RECORD STORE TALES Part 226: Alarm!
I remember growing up, my dad managed a bank. It happened periodically that the phone would ring in the middle of the night. It would be a security company telling my dad to get down to the bank, because there was an alarm. He’d get up, get dressed, and at like 3 am, head to the bank.
I knew when I became store manager of a record store, this could possibly happen to me too. Thankfully, it only happened once, and it was late-afternoon on a Sunday. But it was weird.
It was a sunny summer day, a couple hours after we closed at 5. When the phone rang and the security company was on the other end, I was ready to do whatever they needed me to do.

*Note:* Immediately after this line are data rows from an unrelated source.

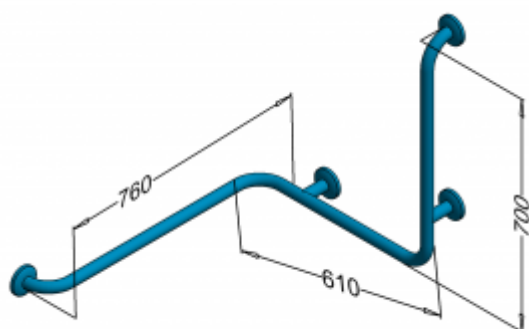

Handrail for the disabled left hand shower 70/61 / 75cm PSP PSP 135L

- Two finishing options available: gloss (PSP 136) or mat (PSM 136)
- Maximum lifting capacity of 180 kg
- Made of AISI 304 stainless steel, resistant to corrosion, rust, and some acids
- Can be installed in rooms exposed to moisture
- The mounting kit included masking rosettes with a snap system
- Easy to clean

Material	AISI 304 stainless steel
finish	Gloss
Handrail type	left Bathtub shower
Handrail length	760x610x700 mm
Tube diameter	Ø 32 mm
The wall thickness :	1,5 mm
Maximum capacity	180 kg
Hole diameter	Ø 7 mm
Number of fixing holes:	12
Includes	6x65 mm screws, 8x65 mm plugs

Left-hand shower handrail for people with disabilities 760x610x700mm long, general-purpose, made of polished or matt stainless steel 32 mm diameter. We use this type of handrail in the shower area. The handles are equipped with masking rosettes with a click system, which allows mounting the masking rosette without the use of mounting glue.
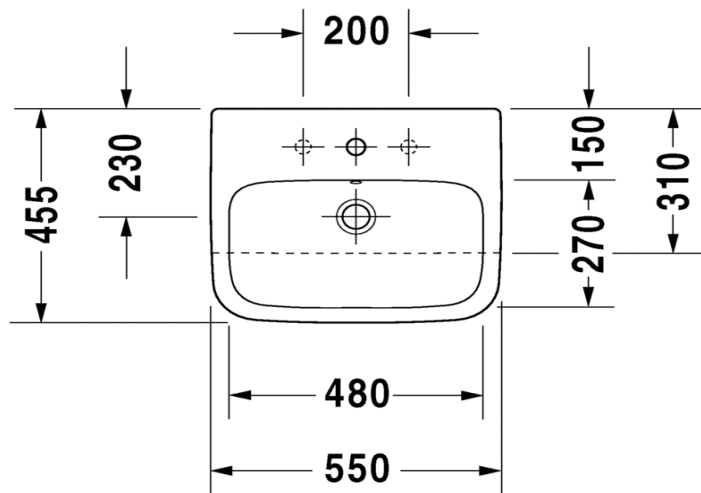

TECHNICAL SCHEDULE

Duravit Durastyle semi recessed basin

Code: 375.55

Inspirational + European + Bathroomware
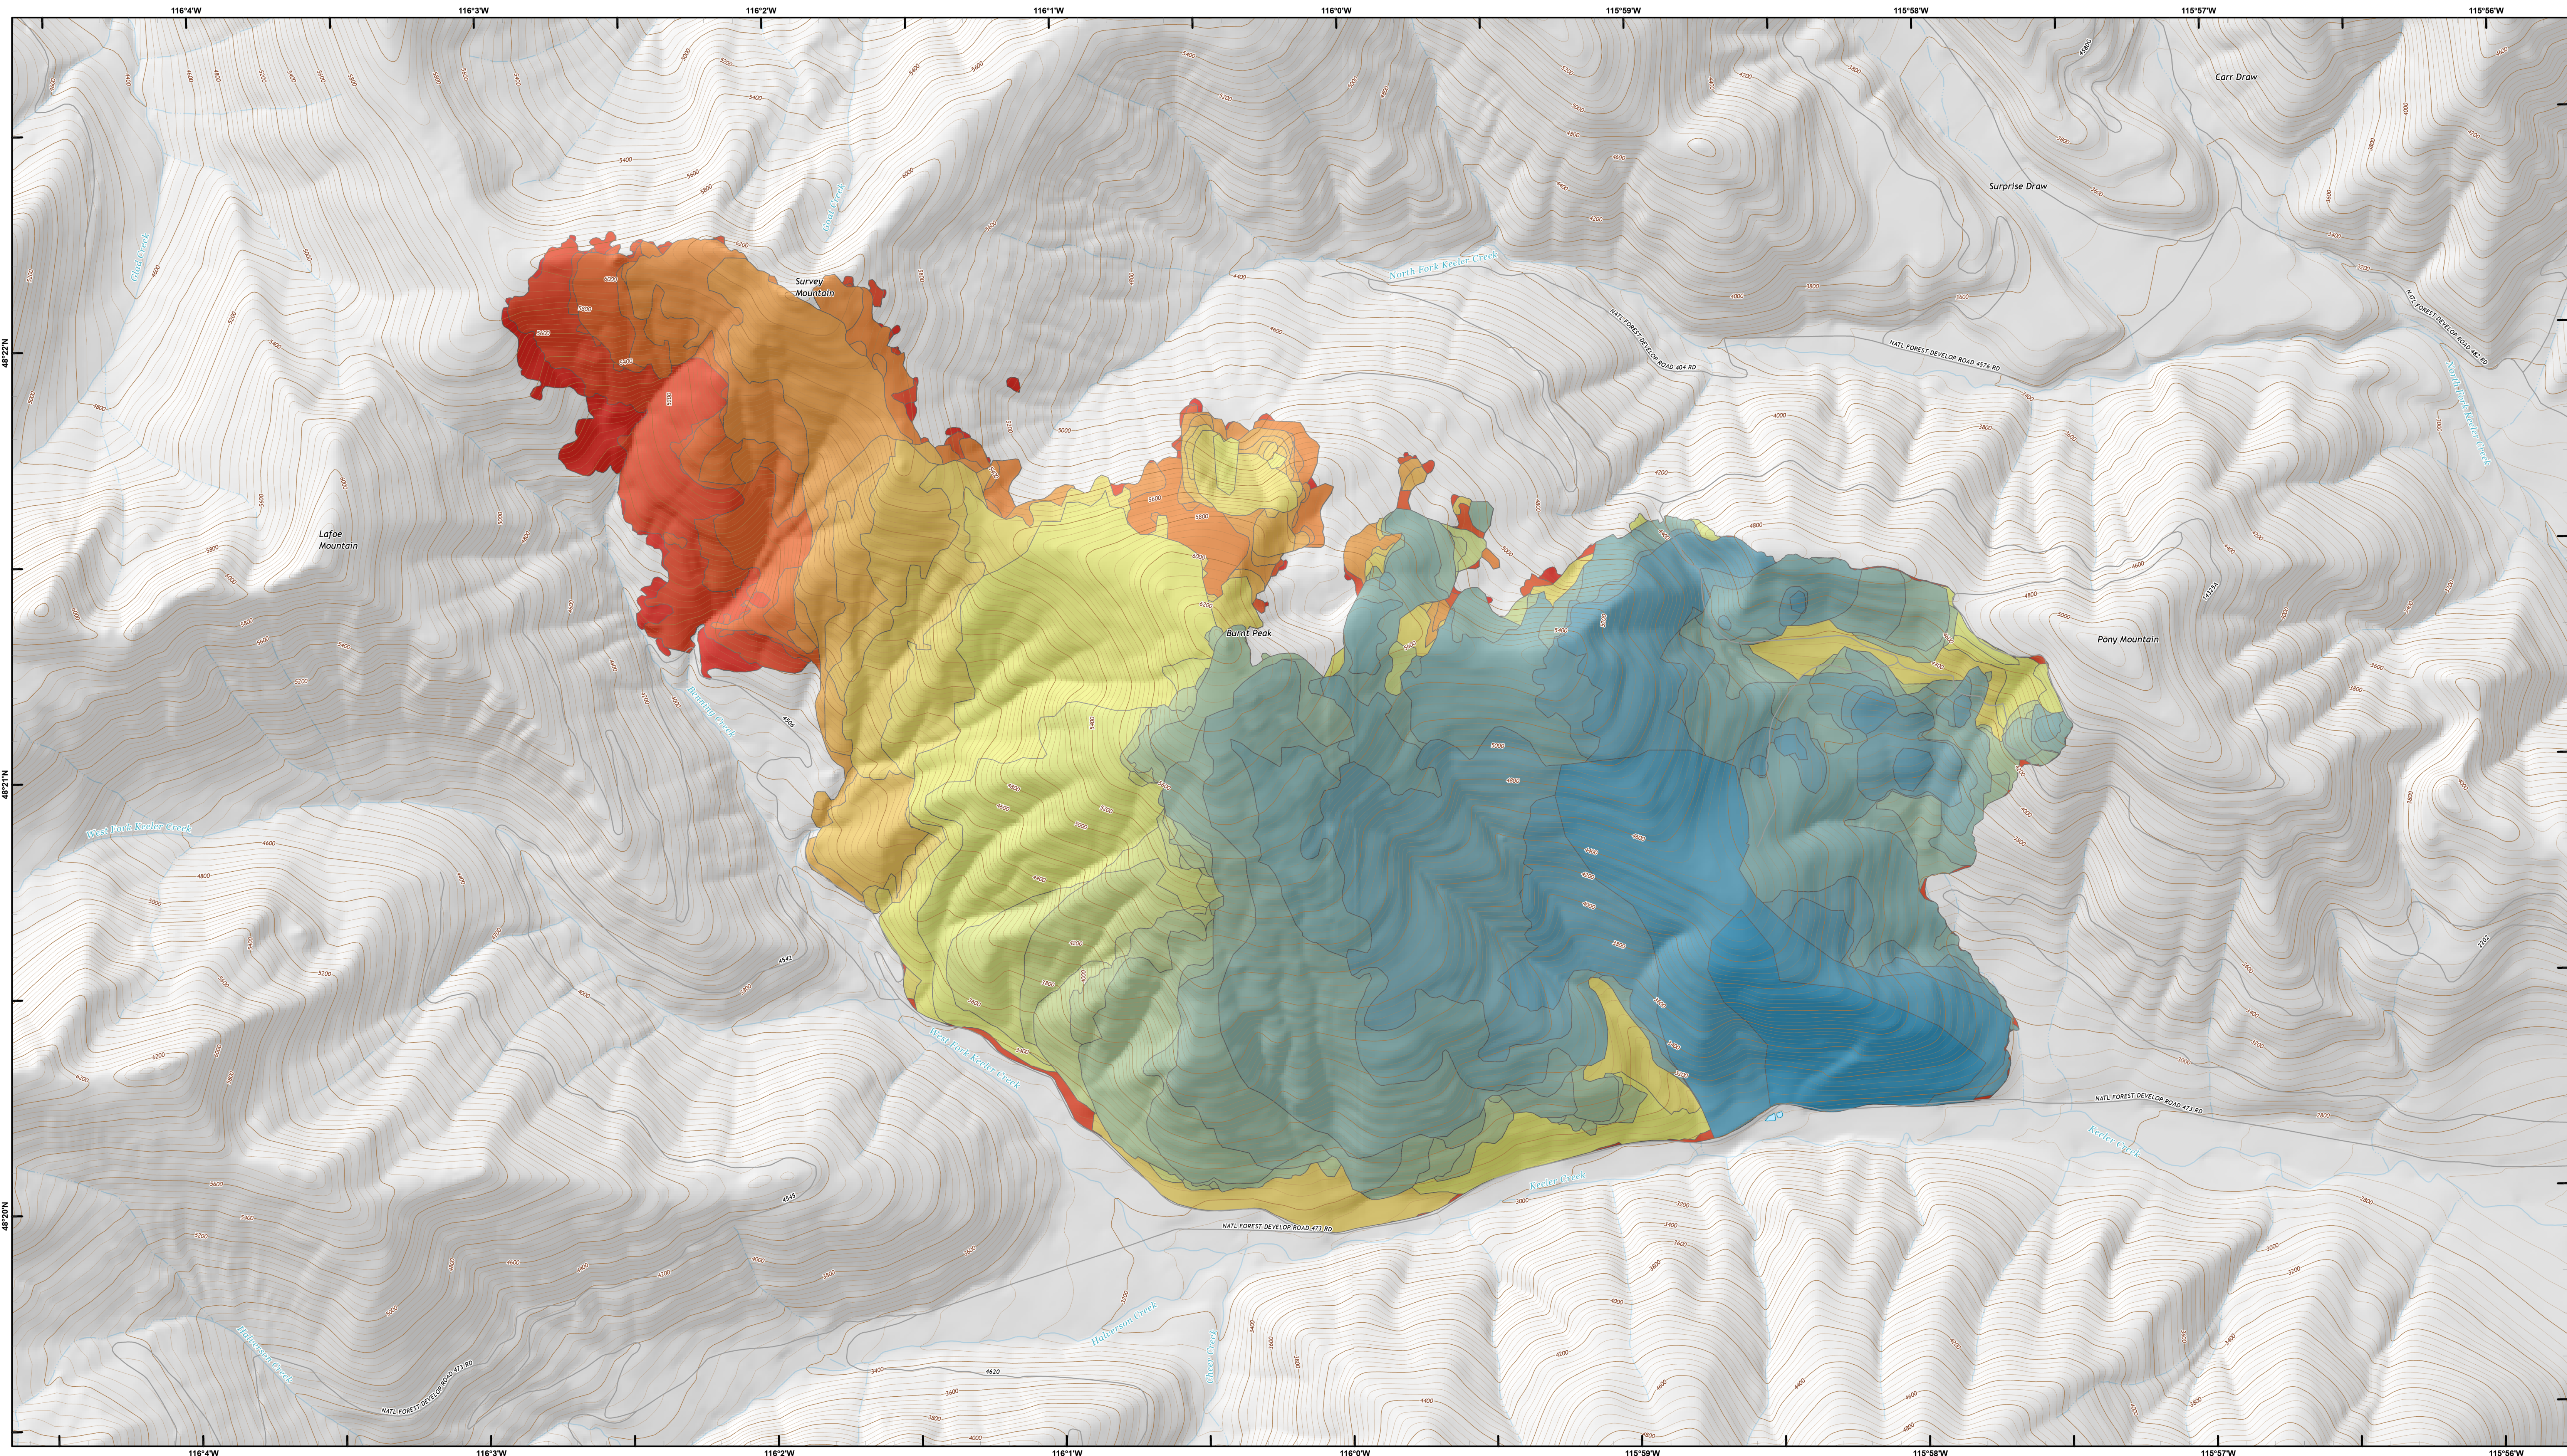

# PROGRESSION

## BURNT PEAK

MT-KNF-000167

8/14/2021

**3777 est. acres**

Acres from IR 8/13/2115 2115 hrs

July 09, 2021: 120 ac	July 12, 2021: 908 ac	July 16, 2021: 1863 ac	July 20, 2021: 2189 ac	July 23, 2021: 2239 ac	July 26, 2021: 2878 ac	July 29, 2021: 3150 ac	August 01, 2021: 3382 ac	August 07, 2021: 3557 ac	August 13, 2021: 3777 ac
July 10, 2021: 363 ac	July 14, 2021: 1350 ac	July 17, 2021: 1954 ac	July 21, 2021: 2120 ac	July 24, 2021: 2412 ac	July 27, 2021: 3000 ac	July 30, 2021: 3189 ac	August 04, 2021: 3463 ac	August 08, 2021: 3583 ac	
July 11, 2021: 582 ac	July 15, 2021: 1696 ac	July 19, 2021: 2049 ac	July 22, 2021: 2184 ac	July 25, 2021: 2713 ac	July 28, 2021: 3095 ac	July 31, 2021: 3303 ac	August 05, 2021: 3493 ac	August 11, 2021: 3730 ac	

Progression  
8/14/2021 10:35 AM HRS
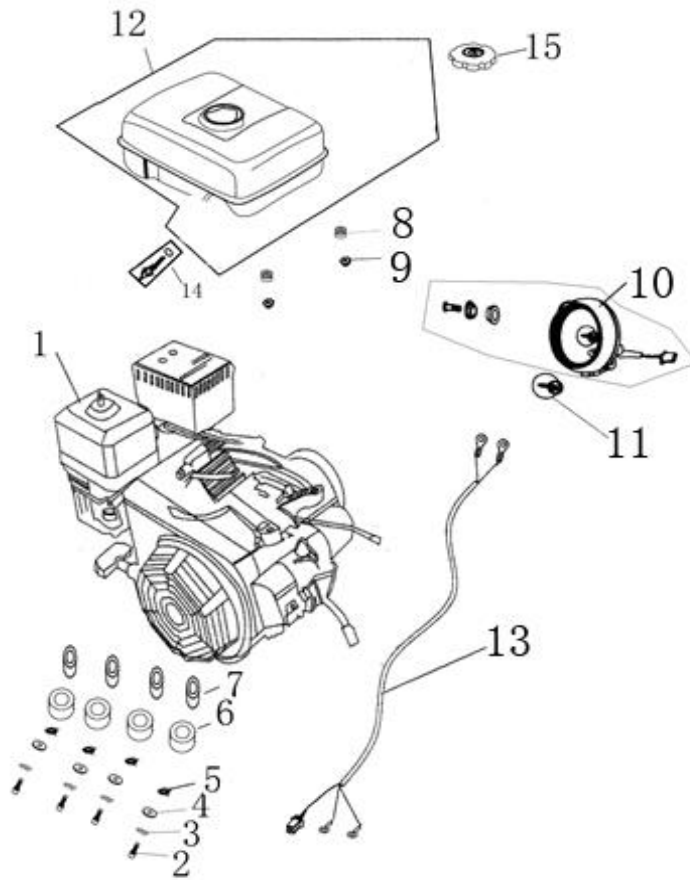

Parts available online at www.GoPowerSports.com

FIG.8 REAR WHEEL

NO.	CODE	DESCRIPTION	QTY.
1	54110-L	REAR RIM	1
2	44003-L	REAR TIRE 19x7-8	1
3	44010-L	AIR VALVE	1
4	54210-L	BRAKE CALIPER PAD SET	1
5	54002-L	BRAKE CALIPER PAD SET TENSION SPRING	2
6	54003-L	REAR BRAKE CAMSHAFT	1
7	54007-L	REAR BRAKE ARM	1
8	54006-L	GEAR-38T-420	1
9	54008-L	REAR BRAKE RETURN SPRING	1
10	08012-L	REAR BRAKE ARM ERECTION BOLT M6X35	1
11	54220-L	REAR BRAKE HUB CAP	1
12	54001-L	REAR AXLE M14X1.5-330	1
13	54004-PL	REAR WHEEL SPACER BUSHING R Φ22xΦ16-47	1
14	54021-L	O-RING	1
15	54006-PL	REAR WHEEL SPACER BUSHING L Φ22xΦ16-36	1
16	578908025125	FLANGE BOLT M8X25	4
17	54009-L	REAR BRAKE ARM INDICATOR	1
18	618708000150	LOCKING NUT M14*1.5	1
19	54030-L	CHAIN ADJUSTER COMP.	2
20	54011-L	REAR WHEEL BEARING SPACER BUSHING	1
21	6202-2RS	BEARING 6202-2RS	2
22	54200-L	REAR DRUM BRAKE COMP.	1
23	54100-L	REAR WHEEL ASSY.	1

Parts available online at www.GoPowerSports.com

FIG.9 ENGINE

NO.	CODE	DESCRIPTION	QTY.
1	10000-L	ENGINE COMP. JF168FLH-7D	1
2	578708055125	FLANGE BOLT M8x55	4
3	930008000000	LOCKING WASHER φ8	4
4	970008000000	FLAT WASHER φ8	4
5	618708000125	LOCKING NUT M8	4
6	10011-PL	ENGINE CUSHIONφ12xΦ30x20	4
7	10012-PL	ENGINE BUSHINGφ8.5xΦ12x20	4
8	50001-80	FUEL TANK CUSHION Φ10*Φ22*4	2
9	617706000100	FLANGE NUT M6	2
10	81100-L	HEADLIGHT COMP	1
11	81101-L	HEADLIGHT BULB	1
12	50100-L	FUEL TANK COMP.	1
13	80025-L	CABLE	1
14	JF168-N-08	FUEL TANK SWITCH	1
15	6.000.145-250	FUEL TANK CAP	1

Parts available online at www.GoPowerSports.com

FIG.10 CVT

NO.	CODE	DESCRIPTION	QTY.
1	9.500.001	FRONT CLUTCH 80T	1
2	8.146.098	SHEAVE, STATIONARY	1
3	8.146.099	BUSHING	1
4	8.147.000	SHEAVE, MOVEABLE	1
5	8.147.001	HUB	1
6	8.147.002	DRUM	1
7	9.300.008	BUSHING BOLCK	1
8	GB5787	BOLT, M8X40	1
9	9.100.018	BELT	1
10	8.010.094	COLLAR $\Phi 30 \times \Phi 20 \times 12.5$	1
11	9.500.010	DRIVEN PULLEY	1
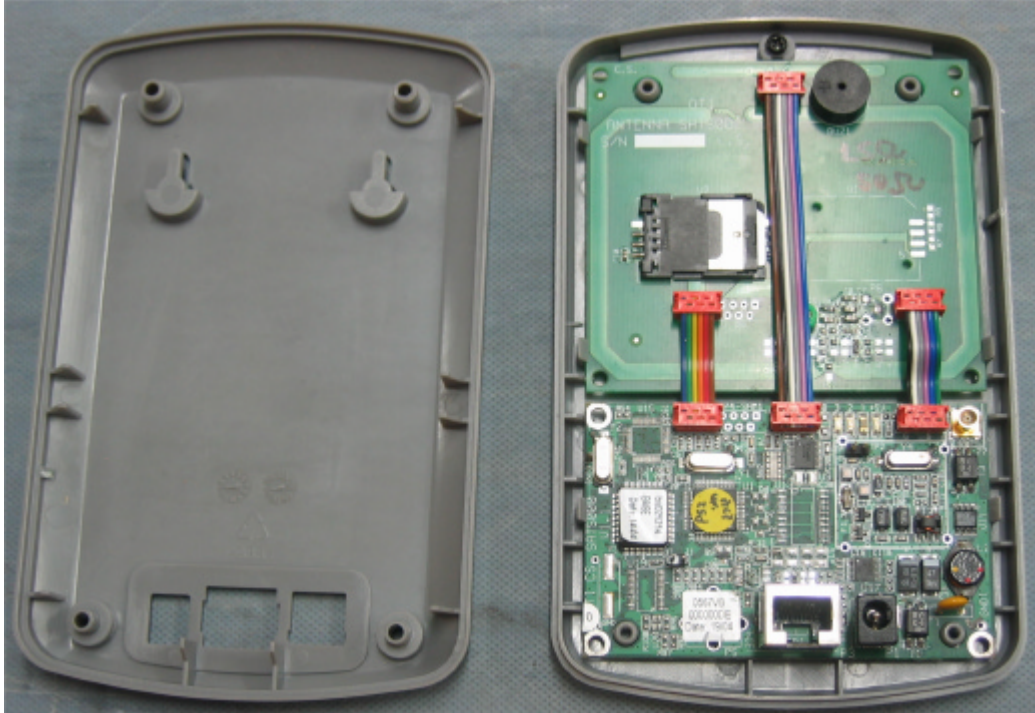

INTERNAL PHOTOGRAPHS

This document contains 16 photographs

Photograph No.1
Smart card reader SAT5000(USB)
Internal view

Photograph No.2
Smart card reader SAT5000(USB)
Internal view

Photograph No3
Smart card reader SAT5000(USB)
PCBs front view

Photograph No4
Smart card reader SAT5000 (USB)
PCBs second side view

Photograph No5
Smart card reader SAT5000(USB)
Antenna PCB front view

Photograph No6
Smart card reader SAT5000 (USB)
Antenna PCB second side view

Photograph No7
Smart card reader SAT5000(USB)
PCB front view

Photograph No8
Smart card reader SAT5000(USB)
PCB second side view

Photograph No9
Smart card reader SAT5000 (RS232)
Internal view

Photograph No.10
Smart card reader SAT5000 (RS232)
Internal view
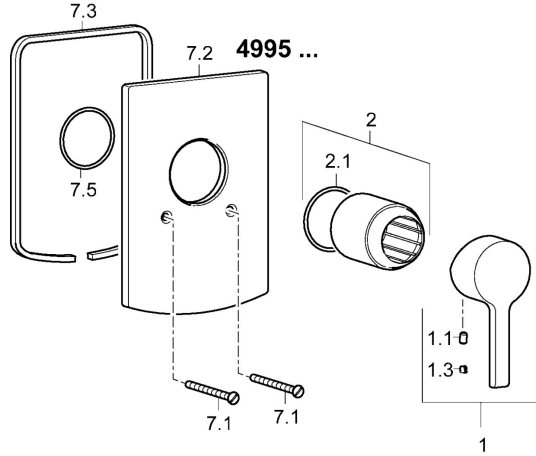

EAN: 4015474254275
static.hansa.com/49957003

Spare parts

SP49957003

	Name	Code
1	Lever Chrome	59913828
1.1	Screw, M5x8, SW2.5	59904755
1.3	Symbol plug Grey	59912112
2	Cover sleeve Chrome	59912511
2.1	O-ring, 41x3	59913215
7.1	Screw, M5x65 Chrome	59904847
7.2	Cover plate Chrome	59912508
7.3	Sealing plates Chrome Discontinued	59912121
7.5	Gasket, 64.5x47x7 Discontinued	59912509

“We’ve had calls,” they said, “that people were walking in and out of your store. We need you to get down there and check out the situation.” That was a bit freaky, but the store was a mere 10 minutes away from my house. It didn’t take much for me to get there.
What I found when I got there was a locked door, and an undisturbed store. The alarm was still on, but not triggered. I checked the safe, the cash register, everything. It was quiet as a mouse. The only activity was another store in the plaza, doing an invite-only customer appreciation sale, but even they weren’t that busy.
I called the alarm company. I explained that there was zero activity here, and whoever called them must have been confused. I explained that another store in the same plaza was having a sale, and people were walking in and out of that store, but not mine. I went home.
Shortly after coming home, they called me again! They said their alarm system was showing an open door. I assured them that this was not the case. They asked me to go down there again, and I said I had just returned from there, and everything was fine. I wasn’t going back.
This went back and forth before they finally mentioned the street name. And guess what? It wasn’t the right address. It was in fact one of our franchisee’s stores, a totally different owner in a completely different city.
“Wait a second – you’ve called the wrong guy,” I said. “I don’t manage that store. I’m not even in that city.” I then gave them the name of the correct person they should have called.
“We have you down as the contact,” they said.
“Well that’s wrong and you have to change it,” I retorted.
“We’ll have to talk to your store owner to make any changes like that. In the meantime, can you call the correct person and let him know his store is showing an open door?”
I looked up the number, called and left a message with his grandmother, who relayed it to the franchisee. Good to know that alarm companies are on top of their game!